• [Task objective]: Below are records; how many of their lines hold the string "only"? Reply with nothing but the number.

• [Data entries]:
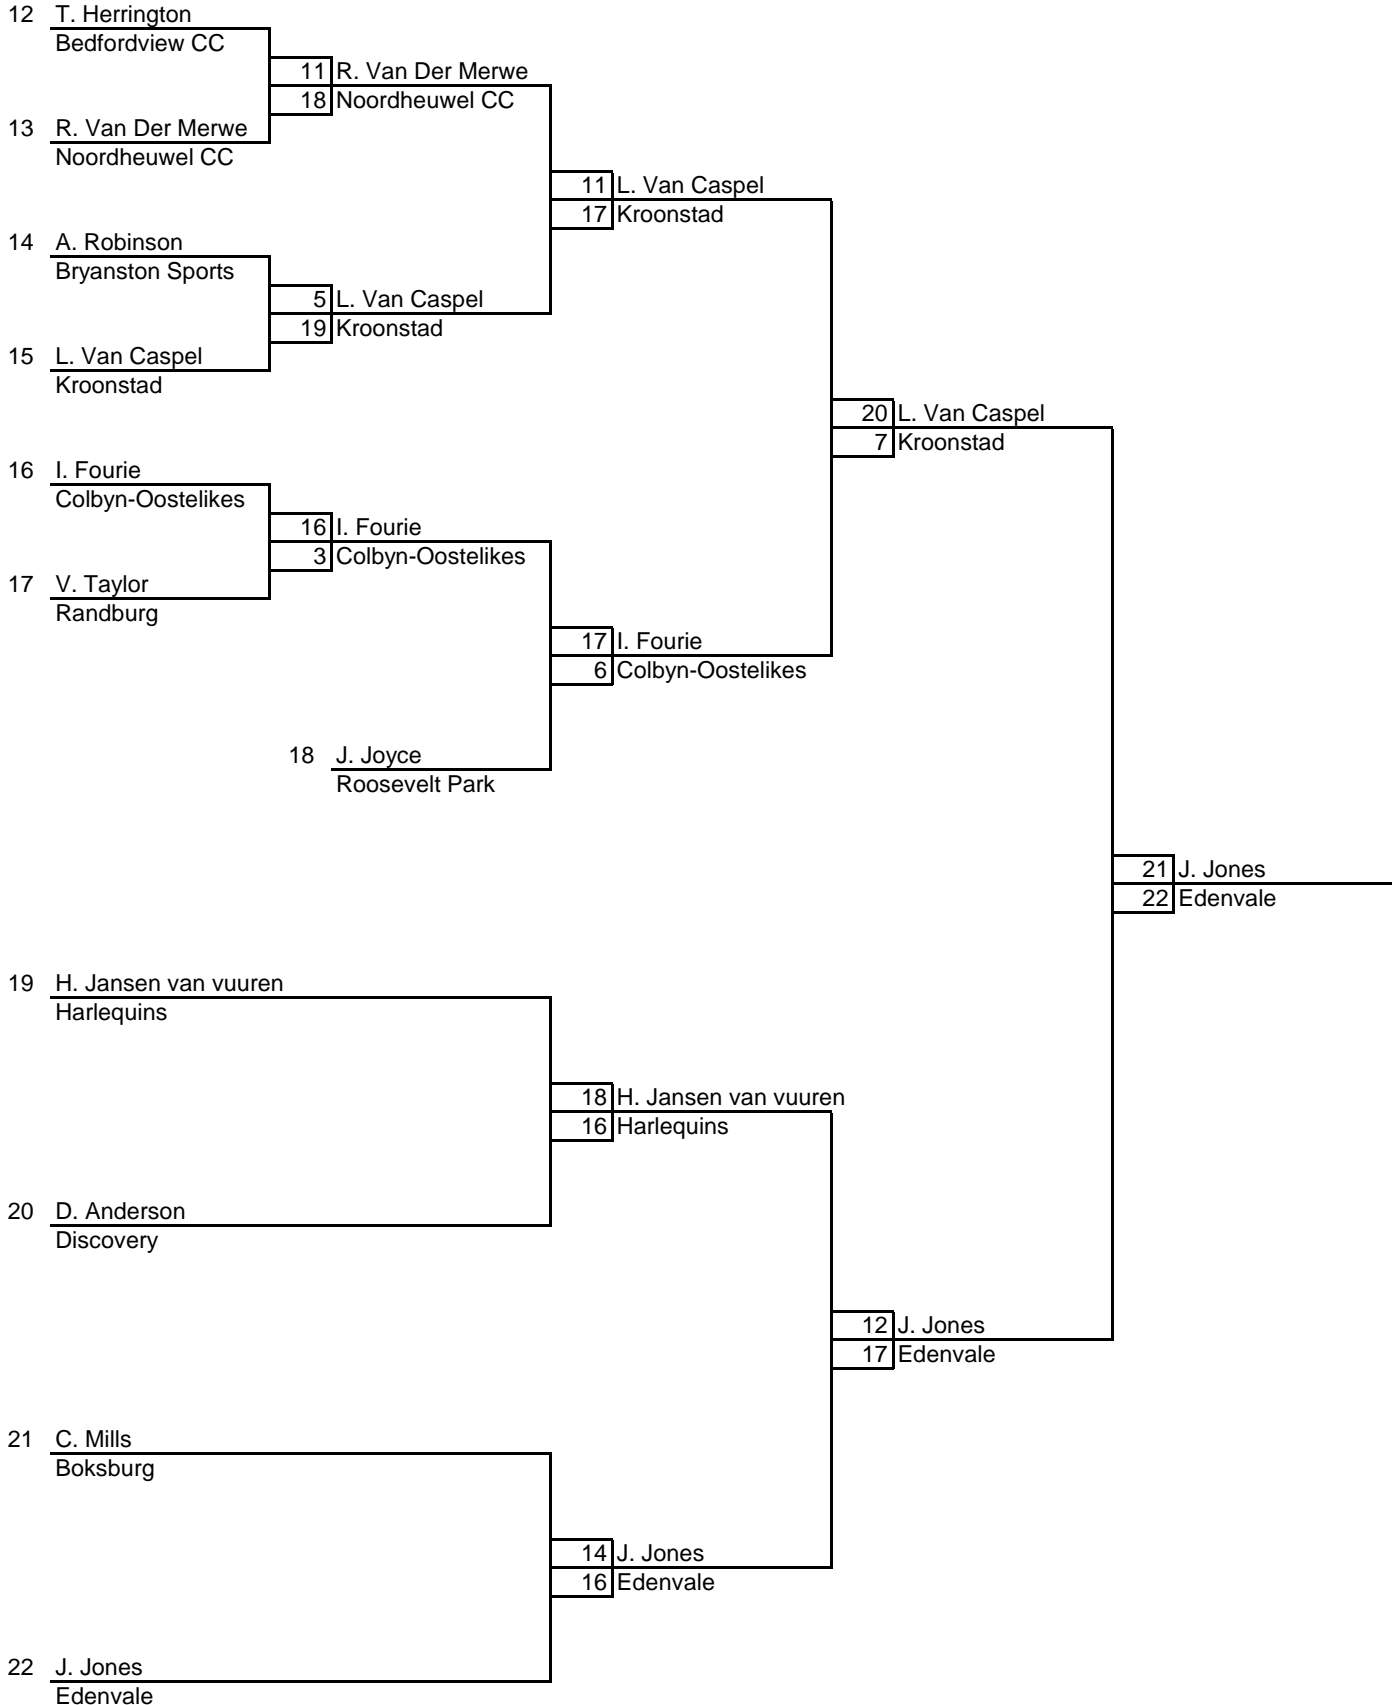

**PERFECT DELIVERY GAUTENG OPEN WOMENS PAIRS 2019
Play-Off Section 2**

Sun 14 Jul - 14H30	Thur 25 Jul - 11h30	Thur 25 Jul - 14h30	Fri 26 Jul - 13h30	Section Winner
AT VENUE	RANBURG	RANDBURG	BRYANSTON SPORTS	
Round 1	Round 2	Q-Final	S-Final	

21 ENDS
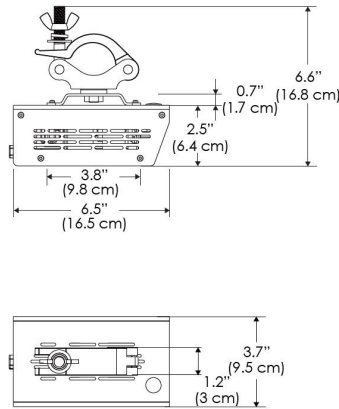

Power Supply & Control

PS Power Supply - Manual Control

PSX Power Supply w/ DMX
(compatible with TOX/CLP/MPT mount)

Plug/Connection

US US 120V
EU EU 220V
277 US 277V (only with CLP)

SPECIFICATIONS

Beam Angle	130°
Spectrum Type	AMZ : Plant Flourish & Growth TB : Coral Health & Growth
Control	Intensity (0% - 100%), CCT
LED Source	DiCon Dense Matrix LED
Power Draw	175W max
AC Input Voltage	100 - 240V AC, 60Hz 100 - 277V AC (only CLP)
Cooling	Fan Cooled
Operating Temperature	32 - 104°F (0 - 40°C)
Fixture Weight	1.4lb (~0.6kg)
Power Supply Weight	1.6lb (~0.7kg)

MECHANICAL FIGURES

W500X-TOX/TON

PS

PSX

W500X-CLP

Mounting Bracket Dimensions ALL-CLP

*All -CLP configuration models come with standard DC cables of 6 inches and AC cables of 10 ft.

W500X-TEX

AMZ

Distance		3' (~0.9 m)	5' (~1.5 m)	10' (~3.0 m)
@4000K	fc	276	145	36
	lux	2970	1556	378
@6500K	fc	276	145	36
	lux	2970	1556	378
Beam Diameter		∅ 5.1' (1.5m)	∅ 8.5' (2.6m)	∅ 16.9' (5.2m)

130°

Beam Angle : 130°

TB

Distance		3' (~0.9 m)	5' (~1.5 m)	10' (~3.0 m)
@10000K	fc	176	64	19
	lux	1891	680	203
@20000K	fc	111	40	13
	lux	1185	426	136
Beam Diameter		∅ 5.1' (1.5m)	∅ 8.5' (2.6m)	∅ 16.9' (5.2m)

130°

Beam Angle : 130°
==
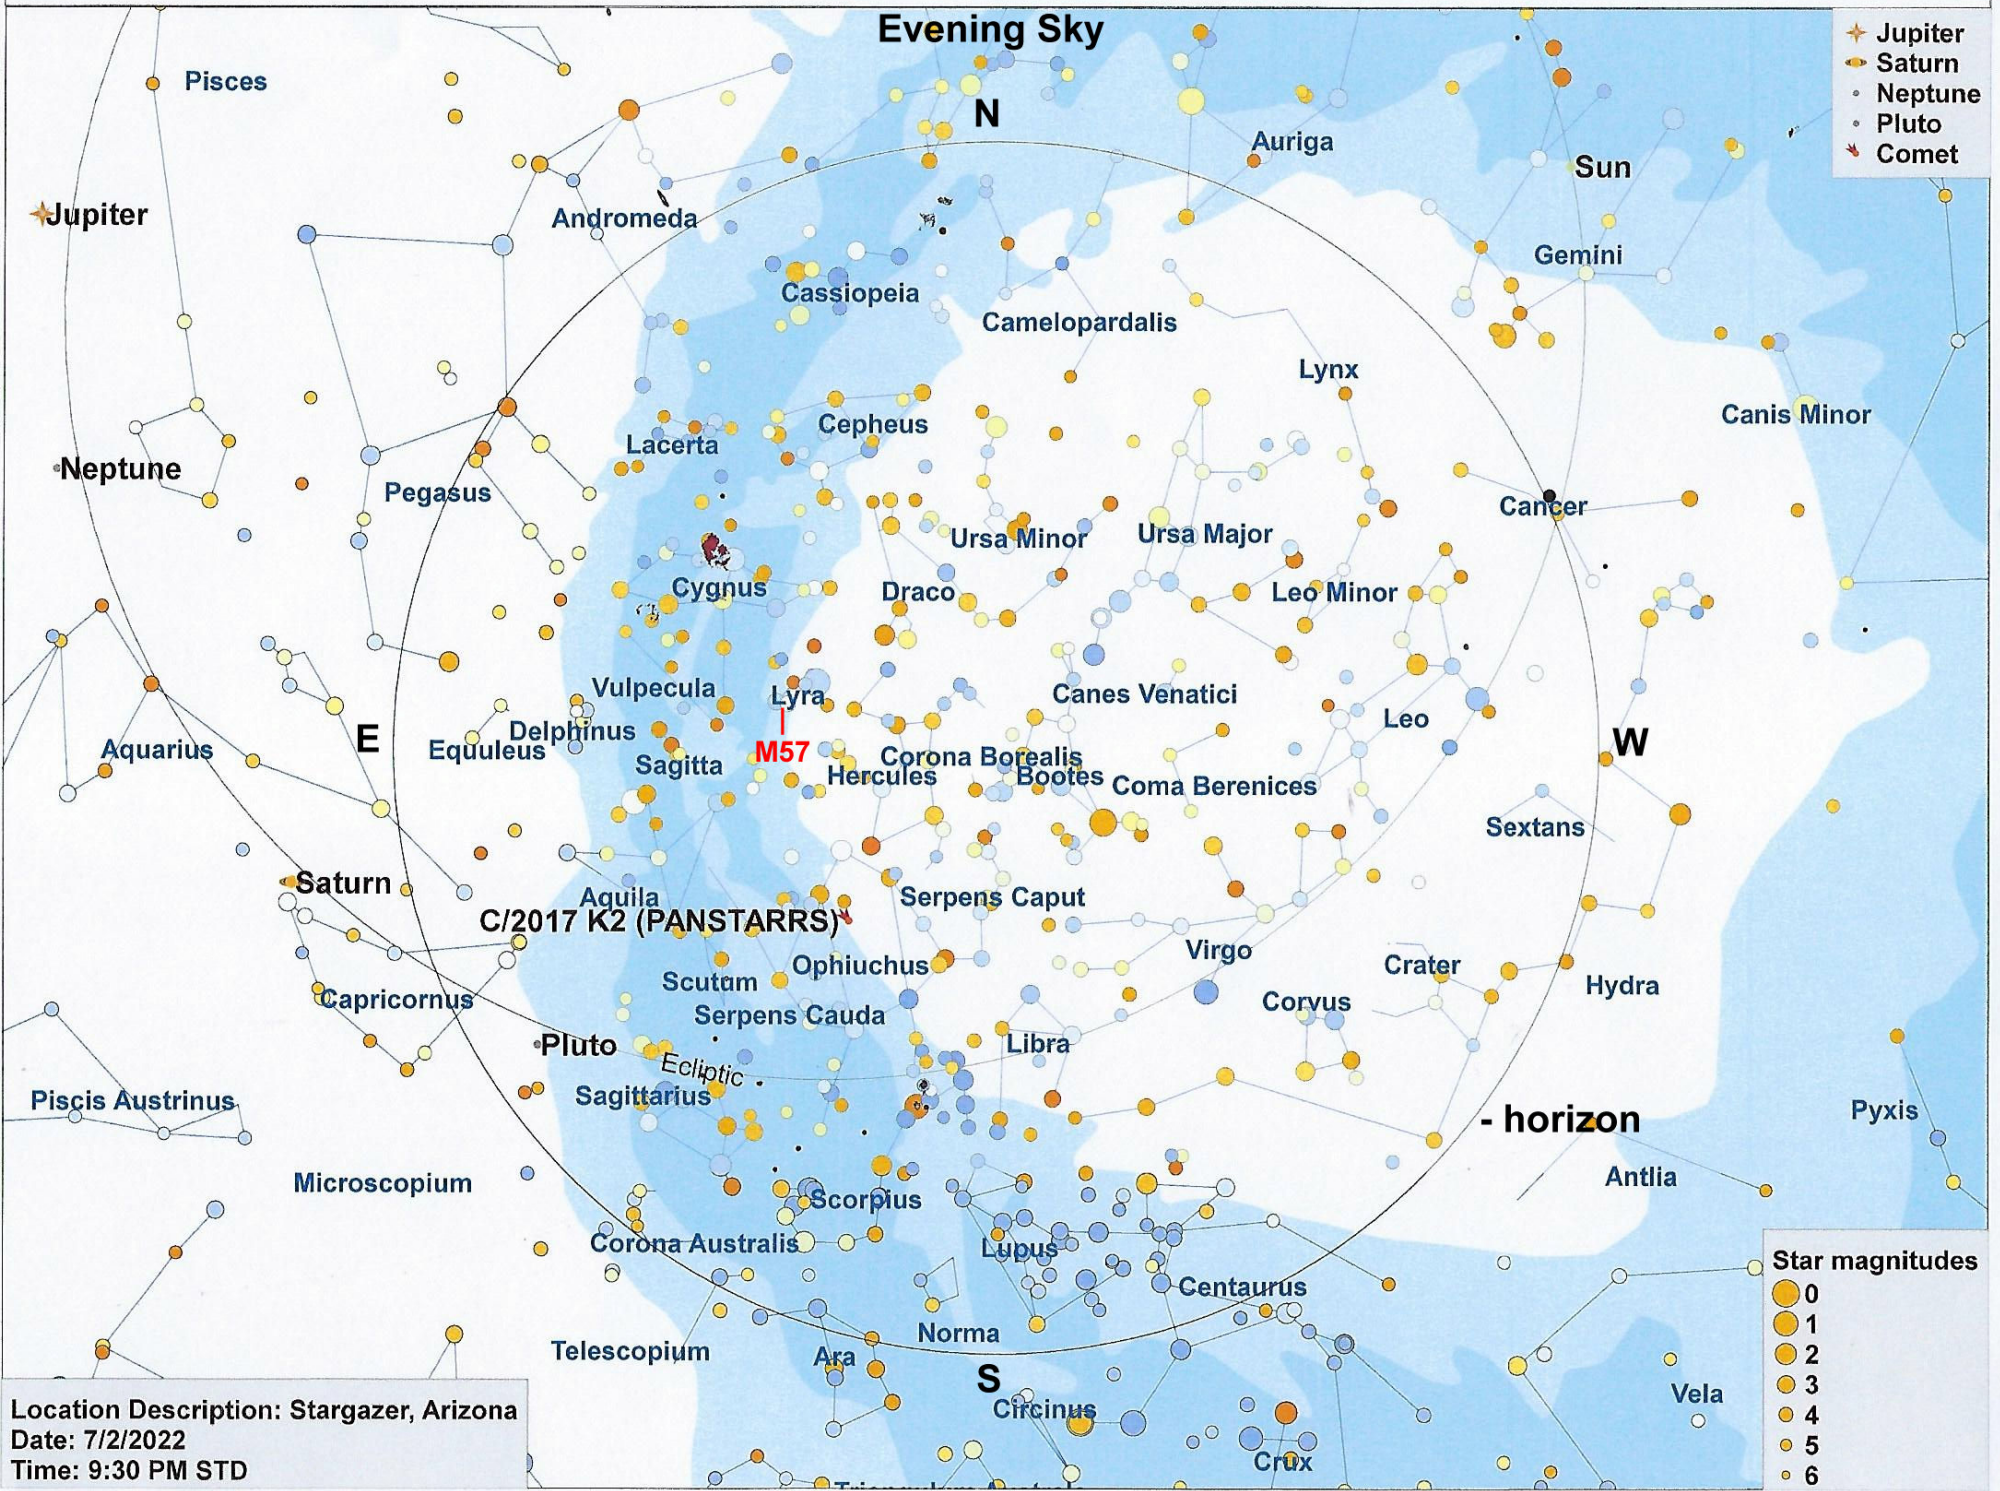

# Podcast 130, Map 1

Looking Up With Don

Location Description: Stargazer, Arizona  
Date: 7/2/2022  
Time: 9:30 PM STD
...
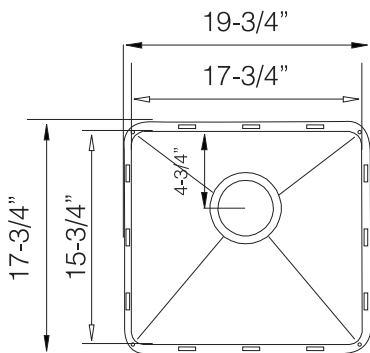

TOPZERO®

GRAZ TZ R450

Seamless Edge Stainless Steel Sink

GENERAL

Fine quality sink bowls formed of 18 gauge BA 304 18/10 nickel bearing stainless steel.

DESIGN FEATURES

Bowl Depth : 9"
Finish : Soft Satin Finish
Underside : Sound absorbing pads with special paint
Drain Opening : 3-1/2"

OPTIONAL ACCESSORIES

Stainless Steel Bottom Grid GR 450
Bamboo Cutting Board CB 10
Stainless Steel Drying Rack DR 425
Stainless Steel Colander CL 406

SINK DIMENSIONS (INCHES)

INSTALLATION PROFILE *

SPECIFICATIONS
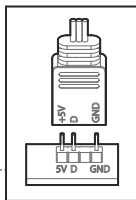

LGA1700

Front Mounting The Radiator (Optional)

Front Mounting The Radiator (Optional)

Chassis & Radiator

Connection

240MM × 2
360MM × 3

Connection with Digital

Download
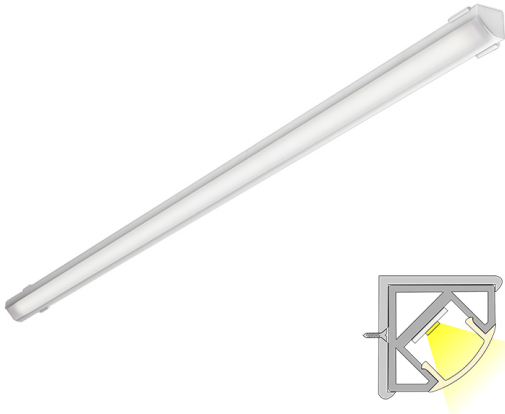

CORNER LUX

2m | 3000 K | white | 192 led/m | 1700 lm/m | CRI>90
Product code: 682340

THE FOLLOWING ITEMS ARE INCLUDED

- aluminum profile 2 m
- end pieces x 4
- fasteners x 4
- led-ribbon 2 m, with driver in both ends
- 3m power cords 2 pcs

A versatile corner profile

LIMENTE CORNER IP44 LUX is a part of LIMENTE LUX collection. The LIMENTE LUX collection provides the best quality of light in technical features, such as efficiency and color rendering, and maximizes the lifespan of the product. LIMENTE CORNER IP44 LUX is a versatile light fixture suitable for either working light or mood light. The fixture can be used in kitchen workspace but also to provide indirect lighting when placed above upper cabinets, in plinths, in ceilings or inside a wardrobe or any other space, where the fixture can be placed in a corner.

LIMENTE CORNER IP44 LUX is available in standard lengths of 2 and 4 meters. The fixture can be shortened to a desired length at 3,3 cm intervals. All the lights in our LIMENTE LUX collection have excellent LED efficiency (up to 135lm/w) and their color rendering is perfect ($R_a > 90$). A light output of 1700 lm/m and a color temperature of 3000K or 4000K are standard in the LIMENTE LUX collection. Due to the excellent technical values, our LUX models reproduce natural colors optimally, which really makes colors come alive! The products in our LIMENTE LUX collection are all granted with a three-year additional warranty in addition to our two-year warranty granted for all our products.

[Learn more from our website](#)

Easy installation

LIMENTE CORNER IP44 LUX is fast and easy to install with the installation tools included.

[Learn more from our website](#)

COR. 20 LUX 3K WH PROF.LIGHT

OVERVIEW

• [Answer to this exercise]: 2